→ **YOUR GOAL**
Pictures must not be copied, but every entry must be reproduced exactly.

Stored data:
Segment Open

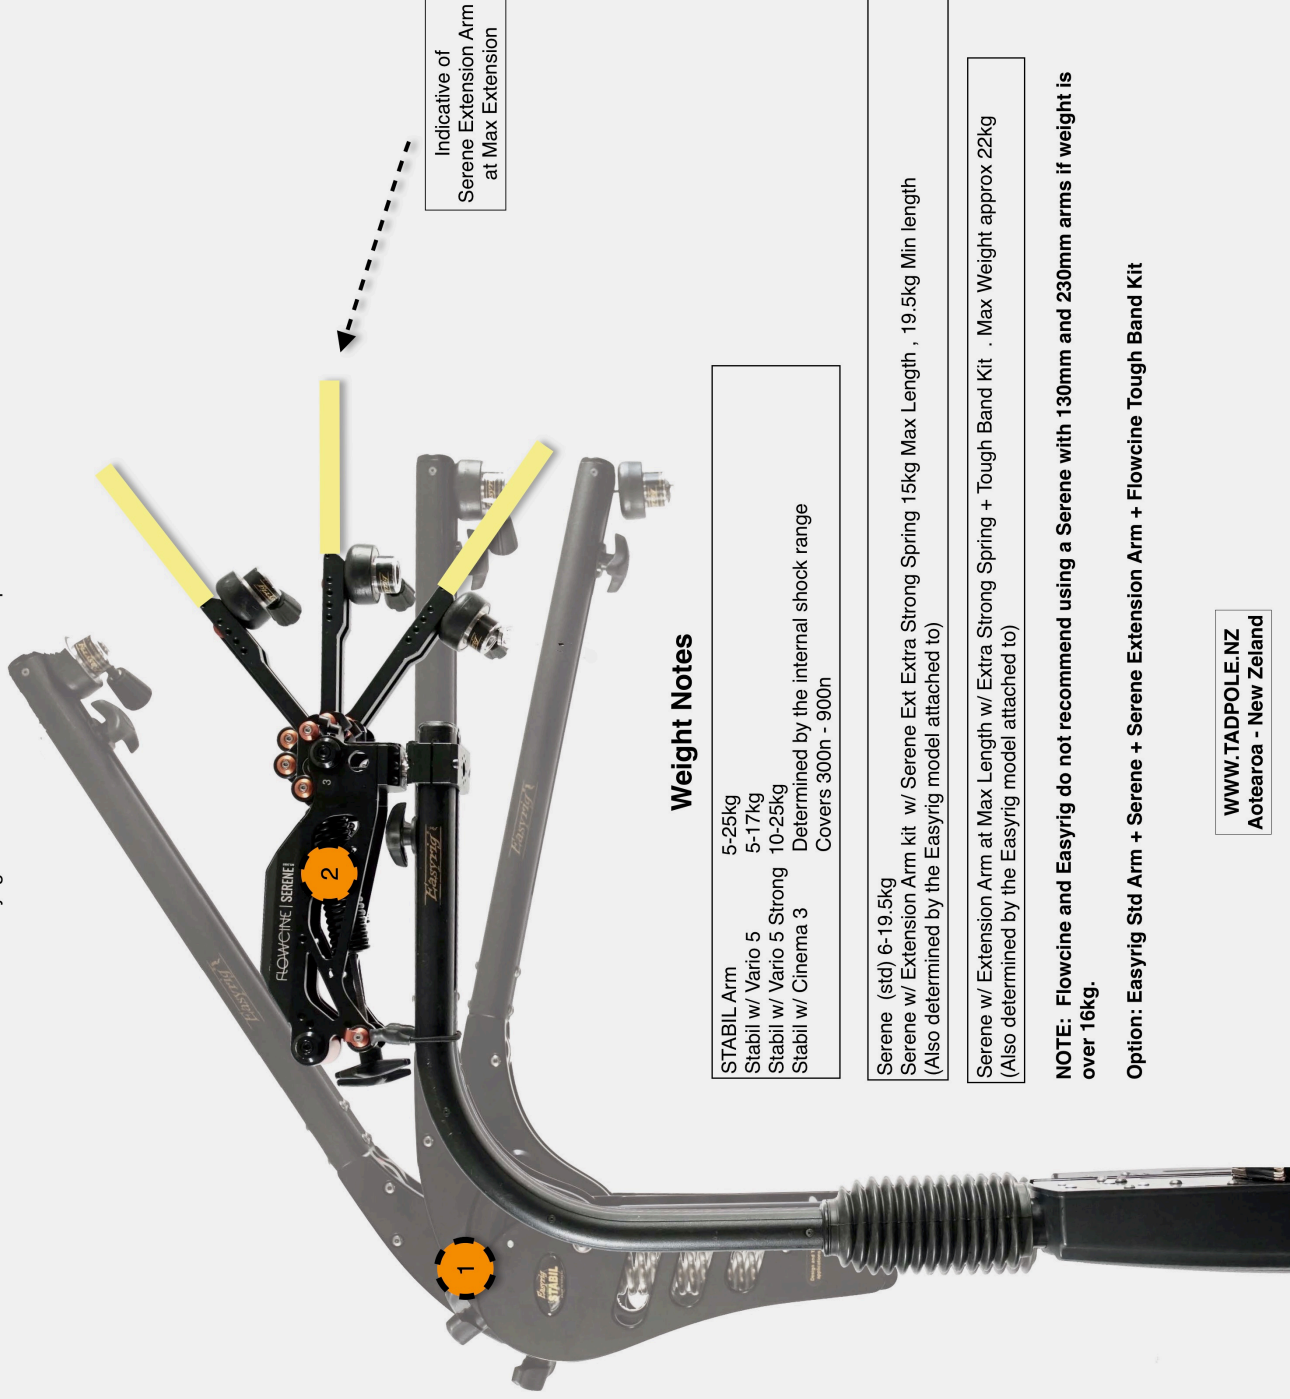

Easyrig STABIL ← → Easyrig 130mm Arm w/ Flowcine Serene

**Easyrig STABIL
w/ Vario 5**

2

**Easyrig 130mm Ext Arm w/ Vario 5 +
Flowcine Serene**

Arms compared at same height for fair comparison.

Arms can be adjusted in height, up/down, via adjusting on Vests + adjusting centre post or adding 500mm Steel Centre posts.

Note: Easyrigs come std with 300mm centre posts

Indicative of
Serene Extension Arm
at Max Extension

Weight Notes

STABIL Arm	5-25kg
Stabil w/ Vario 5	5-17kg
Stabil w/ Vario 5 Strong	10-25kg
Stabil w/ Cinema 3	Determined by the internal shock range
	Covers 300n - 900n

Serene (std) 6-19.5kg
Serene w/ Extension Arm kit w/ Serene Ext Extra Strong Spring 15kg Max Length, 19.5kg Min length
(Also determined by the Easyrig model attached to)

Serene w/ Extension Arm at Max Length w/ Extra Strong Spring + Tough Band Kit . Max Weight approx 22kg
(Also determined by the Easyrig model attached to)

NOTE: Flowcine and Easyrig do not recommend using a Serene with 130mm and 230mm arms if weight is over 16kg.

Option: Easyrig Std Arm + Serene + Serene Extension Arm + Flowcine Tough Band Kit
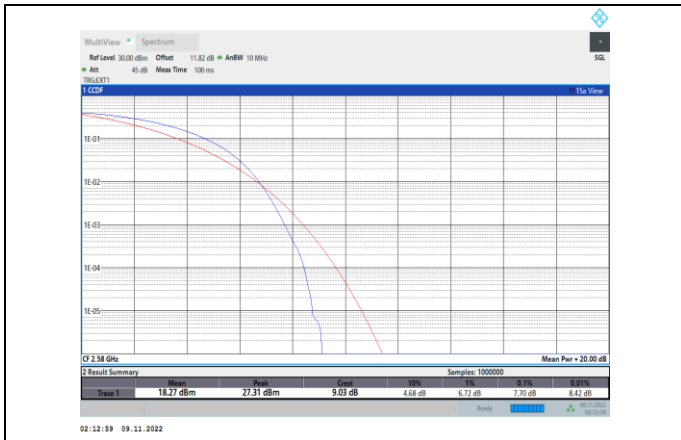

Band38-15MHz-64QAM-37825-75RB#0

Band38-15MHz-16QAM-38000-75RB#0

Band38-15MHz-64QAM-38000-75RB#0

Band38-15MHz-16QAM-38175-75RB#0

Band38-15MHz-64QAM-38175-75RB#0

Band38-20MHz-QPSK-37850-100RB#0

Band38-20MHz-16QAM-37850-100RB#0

Segment Closed

→ **RESPONSE AREA**
Easyrig STABIL ← → Easyrig 130mm Arm w/ Flowcine Serene

**Easyrig STABIL
w/ Vario 5**

2

**Easyrig 130mm Ext Arm w/ Vario 5 +
Flowcine Serene**

Arms compared at same height for fair comparison.

Arms can be adjusted in height, up/down, via adjusting on Vests + adjusting centre post or adding 500mm Steel Centre posts.

Note: Easyrigs come std with 300mm centre posts

Indicative of
Serene Extension Arm
at Max Extension

Weight Notes

STABIL Arm	5-25kg
Stabil w/ Vario 5	5-17kg
Stabil w/ Vario 5 Strong	10-25kg
Stabil w/ Cinema 3	Determined by the internal shock range
	Covers 300n - 900n

Serene (std) 6-19.5kg
Serene w/ Extension Arm kit w/ Serene Ext Extra Strong Spring 15kg Max Length, 19.5kg Min length
(Also determined by the Easyrig model attached to)

Serene w/ Extension Arm at Max Length w/ Extra Strong Spring + Tough Band Kit . Max Weight approx 22kg
(Also determined by the Easyrig model attached to)

NOTE: Flowcine and Easyrig do not recommend using a Serene with 130mm and 230mm arms if weight is over 16kg.

Option: Easyrig Std Arm + Serene + Serene Extension Arm + Flowcine Tough Band Kit

Band38-15MHz-64QAM-37825-75RB#0

Band38-15MHz-16QAM-38000-75RB#0

Band38-15MHz-64QAM-38000-75RB#0

Band38-15MHz-16QAM-38175-75RB#0

Band38-15MHz-64QAM-38175-75RB#0

Band38-20MHz-QPSK-37850-100RB#0

Band38-20MHz-16QAM-37850-100RB#0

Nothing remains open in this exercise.